BanderasNews
Puerto Vallarta Weather Report
Welcome to Puerto Vallarta's liveliest website!
Contact UsSearch
Why Vallarta?Vallarta WeddingsRestaurantsWeatherPhoto GalleriesToday's EventsMaps
 NEWS/HOME
 AROUND THE BAY
 AROUND THE REPUBLIC
 AMERICAS & BEYOND
 BUSINESS NEWS
 TECHNOLOGY NEWS
 WEIRD NEWS
 EDITORIALS
 ENTERTAINMENT
 VALLARTA LIVING
 PV REAL ESTATE
 TRAVEL / OUTDOORS
 HEALTH / BEAUTY
 SPORTS
 DAZED & CONFUSED
 PHOTOGRAPHY
 CLASSIFIEDS
 READERS CORNER
 BANDERAS NEWS TEAM
Sign up NOW!

Free Newsletter!

Puerto Vallarta News NetworkNews Around the Republic of Mexico | April 2008 

Want Ads Lure Mexicans To Carry Drugs
email this pageprint this pageemail usMark Stevenson - Associated Press
go to original


If it's not your or your family's car, don't drive it across the border.
 
Mexico City - Drug cartels are using classified job ads to lure young Mexicans near the U.S. border into unknowingly working as drug couriers, law enforcement officials said Thursday.

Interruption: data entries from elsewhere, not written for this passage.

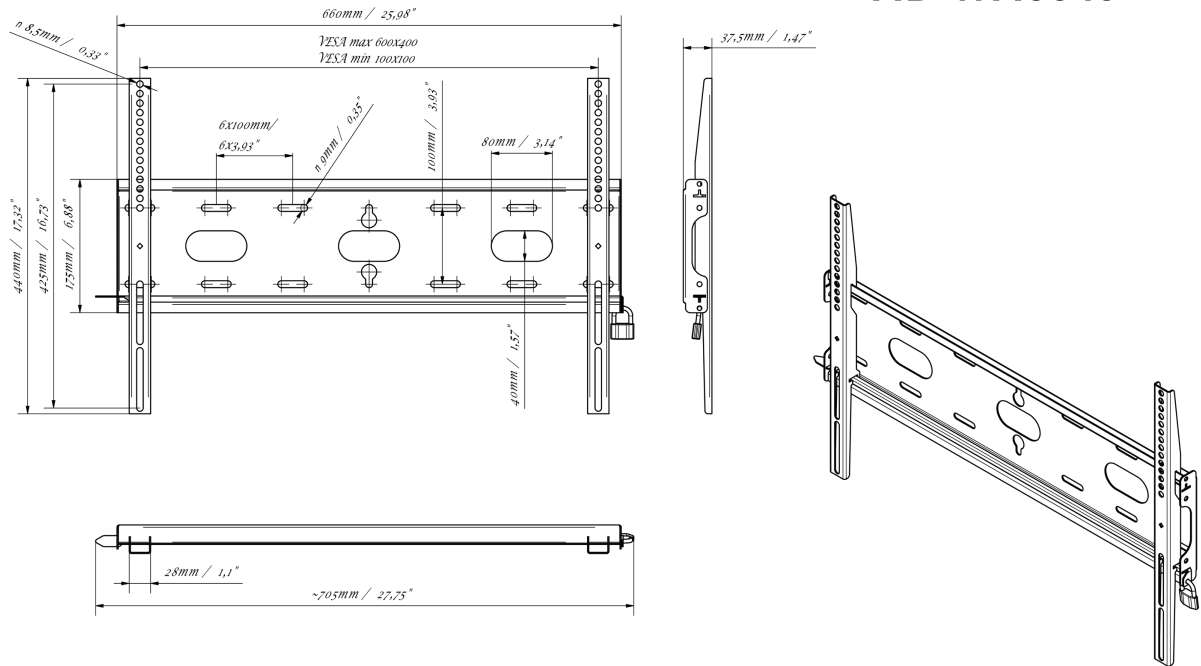

## 02 DIMENSIONS / POIDS

Dimensions produit L x H x P 660 x 440 x 37.5mm

Dimensions de la boîte L x H x P 690 x 220 x 40mm

Poids (sans boîte) 2.3kg

Poids (avec boîte) 3kg

Code EAN 5902841107106

Toutes les marques nommées sur ce site sont des marques déposées. iiyama ne pourra être tenu responsable d'éventuelles erreurs ou omissions contenues sur ce site. Tous les écrans LCD iiyama sont conformes à la norme ISO-9241-307:2008 pour ce qui concerne les défauts de pixel.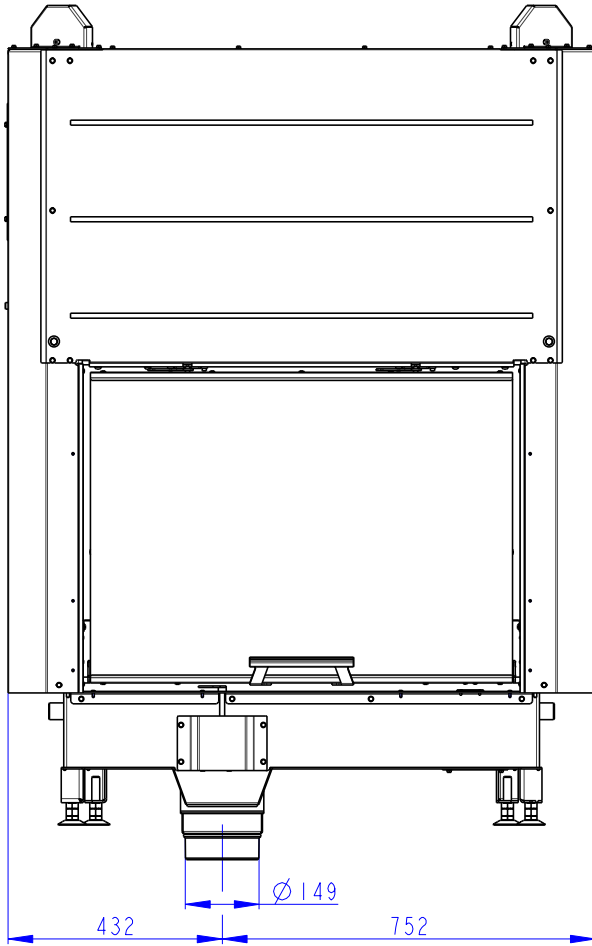

802LJ01

- (A) Zastavbovy rozmer / In-built dimension / Baumaße
- (B) Litinový odvod kouře / Cast iron spigot / Der gusseiserne Rauchabgang
- (C) Centralni prived vzduchu / Central air inlet / Zentralluftzufuhr
- (D) Primarni a sekundarni vzduch / Primary and secondary air / Primärluft und Sekundärluft
- (L) Volna plocha proskleni / Free glass area / Freie Glassichtfläche

802LJ01
90AIRBOX02

802LJ01 802LJKON01

NELZE KOMBINOVAT SE SADAMI AKUMULACI AKKUM KV 02, AKKUM KV 03
UNABLE TO COMBINE WITH ACCUMULATION SETS AKKUM KV 02, AKKUM KV 03
NICHT KOMBINIERBAR MIT SPEICHERSATZ AKKUM KV 02, AKKUM KV 03

Mexico City's El Universal newspaper first reported the trend Thursday, saying ads in some Ciudad Juarez newspapers require applicants to have the U.S. visa needed to drive a vehicle across the border but do not mention job experience.

"A lot of times they advertise as if they were a company, and they send them to El Paso but they don't tell them what they are carrying," an official at the federal Attorney General's office in Ciudad Juarez told The Associated Press. He was not authorized to be quoted by name.

The official said applicants often think they are applying to become messengers, but they end up unwittingly driving vehicles loaded with drugs into neighboring El Paso, Texas.

"They often list jobs as 'messengers,' or simply say 'jobs available' or 'here's an opportunity,'" the official said. "They tell them they have to take some documents to El Paso, but they don't tell them what they are really carrying."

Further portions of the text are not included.